Designed for a first course in introductory econometrics, Introduction to Econometrics, reflects modern theory and practice, with interesting applications that motivate and match up with the theory to ensure students grasp the relevance of econometrics. Authors James H. Stock and Mark W. Watson integrate real-world questions and data into the development of the theory, with serious treatment of the substantive findings of the resulting empirical analysis.
It's not good. If you already understand what's going on, it seems like a decent textbook, but Stock & Watson often lack clarity in their explanations. This book is 1) nearly impossible to skim because of the writing style 2) very bad in terms of making connections to other theories and applications and ideas 3) devoid of metaphor and 4) bad at concisely explaining equations. A good mathematical textbook gives you an important equation and then explains it for the next paragraph, telling you what all the variables mean, what happens if some of them change, what this means, etc. S&W often don't even tell you what variables mean, and you might have to go three pages back in the book to figure out that the variable p is supposed to stand for "the number of lags." And the amount of times they say something like "and we can prove this because it's just like equation (8.7)," and then don't even mention what equation 8.7 is infuriating. They expect you to go back 200 pages to equation 8.7 (which, by the way, has no concise explanation, so you're going to need to read the five pages around equation 8.7 to figure out what it means). It's like reading a research paper that leaves page numbers without quotations--it treats me like I'm too stupid to do the thinking myself.
Although I've nothing to compare it against, the book lacks usability. Too much of the rendering of equations is written in block text rather than using any diagrams. There are other points where equations are re-render/substituted/expanded/simplified without explanation. One is left to figure out these leaps on his own. That's not instruction or elucidation. Typical academic fair whereby the author is too far removed from his audience (an introductory one) so that much is lost.
This is a decent undergraduate econometrics textbook, but I think that "Introductory Econometrics: A Modern Approach" by Jeffrey Wooldridge is a much better choice for learning econometrics. For this book, the Introduction to Econometrics website provides some useful links and resources.
This book is appropriate as a gentle introduction to econometrics (the application of statistical methods to economic theory). The book is well-written and the authors focus on insuring that the book does not fly over the heads of beginners.

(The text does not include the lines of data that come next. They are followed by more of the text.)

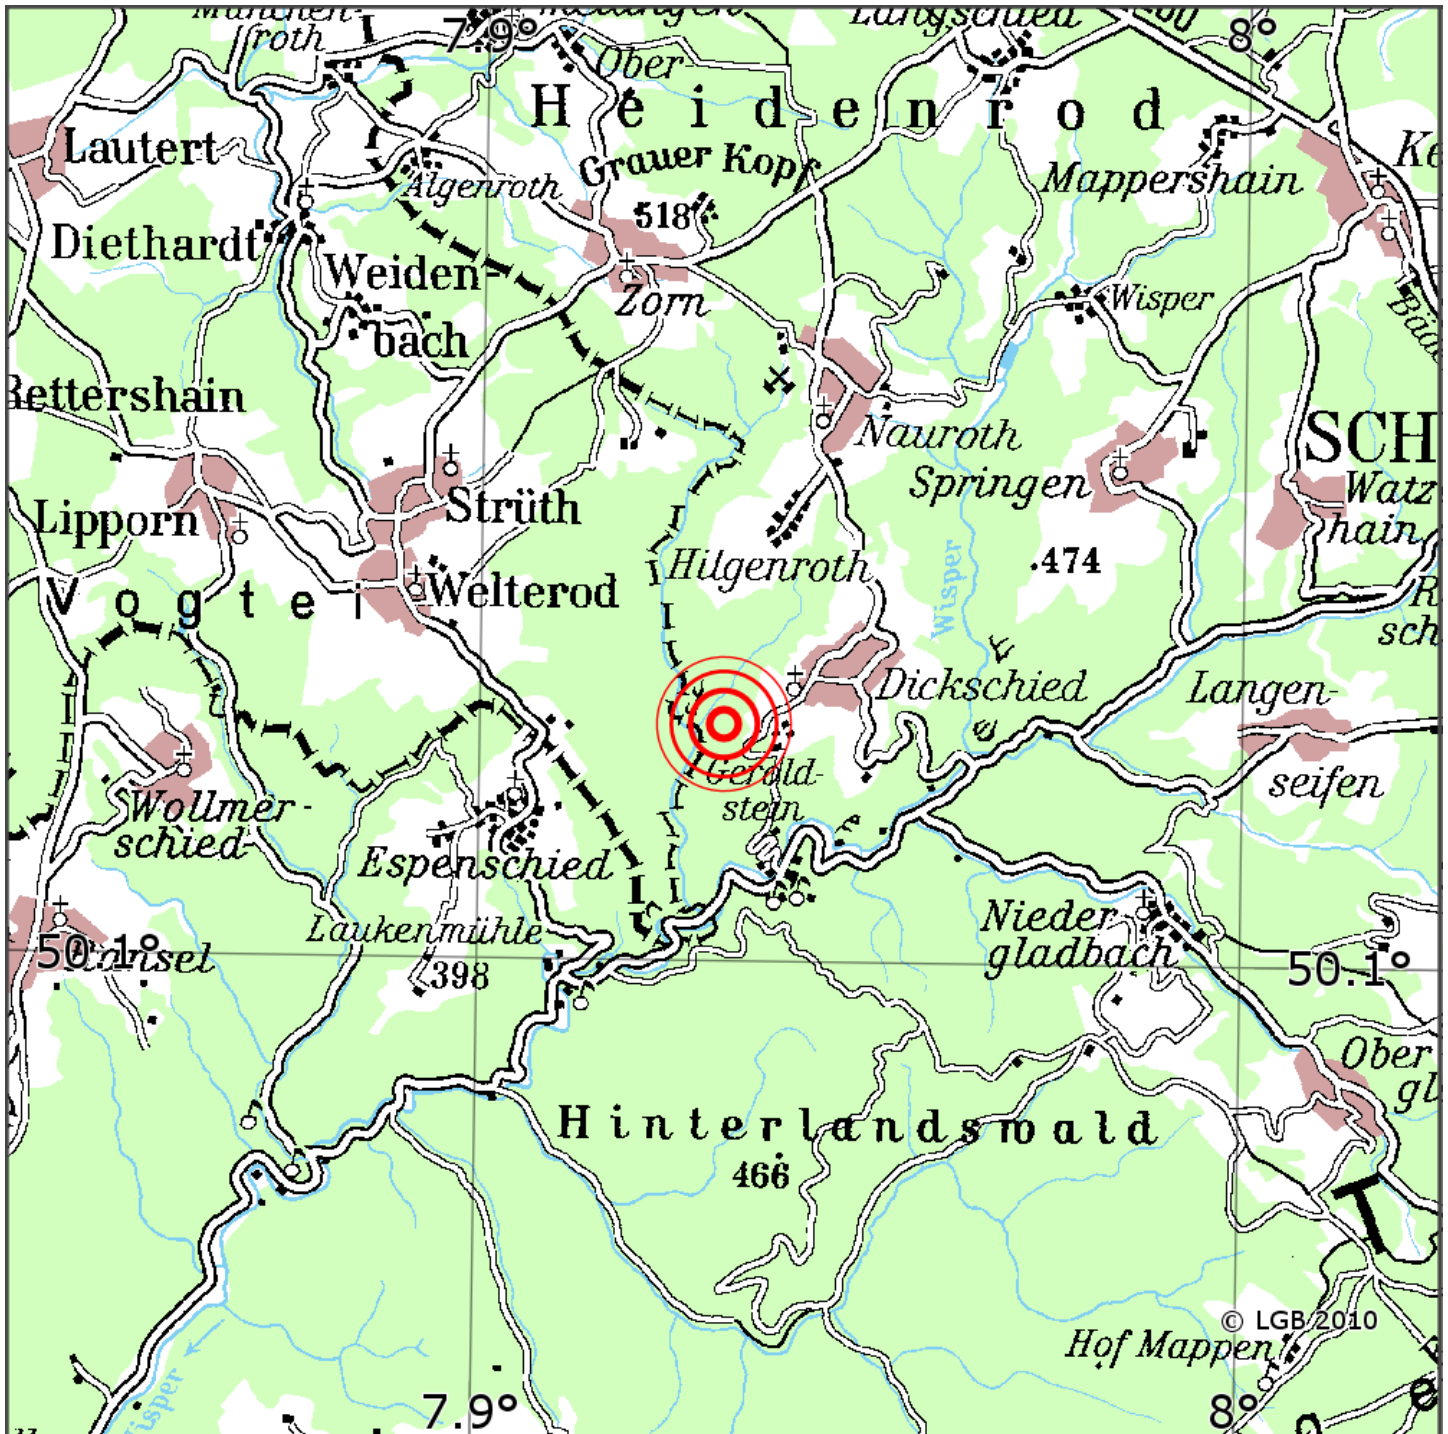

## Manuelle Erdbebenlokalisierung

Datum:	08.10.2020
Uhrzeit:	05:20:31.08
Ort:	>Heidenrod/Rheingau-Taunus-Krs./HS
Lage des Epizentrums:	
Länge:	9.12
Breite:	50.12
Tiefe:	10*
Magnitude:	1.4
Qualität:	1

Kartendarstellung auf Grundlage der DTK200-v. © Bundesamt für Kartographie und Geodäsie, 2010

Stock's Introduction to Econometrics is probably the best undergrad text I've found on regression, explaining even some fairly advanced topics in an accessible way. I've used it extensively to try to understand some of the hairier concepts I've been dealing with in my first-year grad sequence.
People who have a knack for statistics tend to not have one for explaining statistics, but this book is one of the most accessible textbooks out there. Thorough but readable.